Cada vez que aparece un nuevo hipercar con 1.500 CV, batería de 800 voltios, tracción en las cuatro ruedas gestionada por veintisiete microprocesadores y tiempo de vuelta en el Nürburgring que les costará tres comunicados de prensa explicar en detalle, alguien saca el nombre del McLaren F1 a relucir. Como medida. Como referencia. Como recordatorio de que hubo un momento en que un grupo de personas decidieron hacer el mejor coche del mundo sin compromisos, sin atajos, con un motor que respiraba por sí mismo y la certeza de que, si lo hacían bien, el coche hablaría solo.
Y el coche habló. A 386,7 kilómetros por hora, con el aullido de doce cilindros expandiéndose hacia el horizonte alemán, habló más alto que cualquier comunicado de prensa que se haya escrito antes o después sobre velocidad, potencia o ingeniería de élite.

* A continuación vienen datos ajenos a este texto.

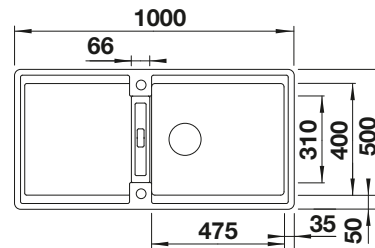

## TECHNICAL DRAWING

Bowl depth 200 mm
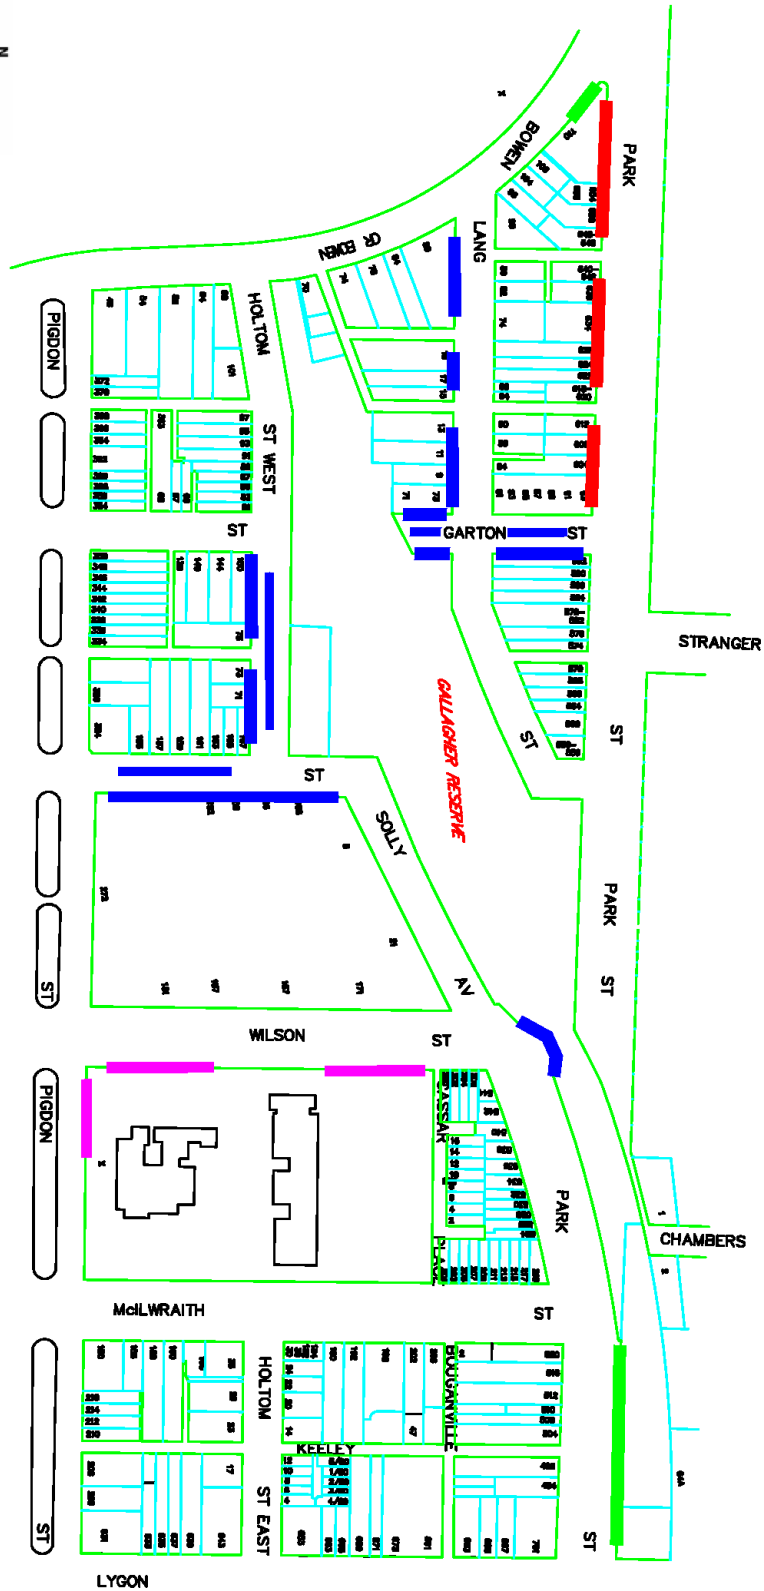

NEW PARKING RESTRICTION CHANGES

Princes Hill - Area Study

Legend:

-  4P 7am - 6pm Monday to Friday
-  2P 7am - 6pm
-  Permit Zone

Notes:

- Disable parking bays, short-term parking will not change.
- Unless indicated, all existing parking restrictions will remain unchanged.

- █ 4P 7am - 6pm Monday to Friday
- █ 2P 7am - 6pm
- █ Permit Zone
- █ P 10 minute 8 - 9.30am, 3 - 4pm School Days

Notes:

- Disable parking bays, short-term parking will not change.
- Unless indicated, all existing parking restrictions will remain unchanged.
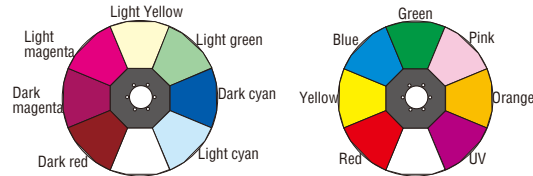

Wash and Framing, high power

Color Wheel

46Kg
Size(mm)

Specifications

- Input Voltages
200-240V AC, 50/60Hz
- Power Consumption
1800W@220V
Power factor: PF>0.90
- Light Source
OSRAM lok-it 1400/PS(CRI>90, 6000K, 750 hrs)
- Strobe
Double shutter blades, 0.3-25 F.P.S
- Dimmer
0-100% linear adjustment
- Colors
CMY color mixing with macros
2 color wheels: each with 7 colors+ open
Half color effect, bi-directional rotation with varied speeds for rainbow effect
Stepping/Linear color changing
- CTO
0-100% linear CTO system
- Focus
DMX linear focus
- Head Movement
Pan 540°, tilt 270° with auto position correction
- Light Angle
linear zoom 10°~ 60°with 16 bit function
- Control
DMX512, 3 pin and 5 pin interfaces
RMD control protocol
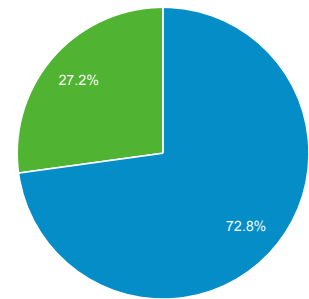

Audience Overview

All Users
100.00% Sessions

Jan 1, 2017 - Jun 30, 2017

Overview

Sessions
5,161,083

Users
3,891,190

Pageviews
7,354,982

Pages / Session
1.43

Avg. Session Duration
00:00:54

Bounce Rate
83.43%

% New Sessions
72.78%

■ New Visitor ■ Returning Visitor

Language	Sessions	% Sessions
1. ar	2,035,095	39.43%
2. en-us	1,611,313	31.22%
3. fr	548,967	10.64%
4. en-gb	387,702	7.51%
5. fr-fr	126,775	2.46%
6. ar-ae	111,623	2.16%
7. ar-eg	88,626	1.72%
8. en	45,476	0.88%
9. ar-sa	40,819	0.79%
10. de	11,994	0.23%

Murray tenía razón con su apuesta. El récord sigue ahí. Y cada año que pasa, cada nuevo superdeportivo que aparece con su montón de electrónica y sus turbos apilados, ese número —386,7 km/h, motor atmosférico, sin ayudas, con neumáticos de calle— se vuelve un poco más grande. Un poco más inalcanzable en su honestidad. Un poco más humano, de la manera en que solo las cosas hechas con convicción absoluta y sin red de seguridad pueden llegar a serlo.
Hay coches que se fabrican. Y hay coches que se crean.
El McLaren F1 fue creado. Y el resto del mundo lleva veintiocho años intentando fabricar algo que se le acerque.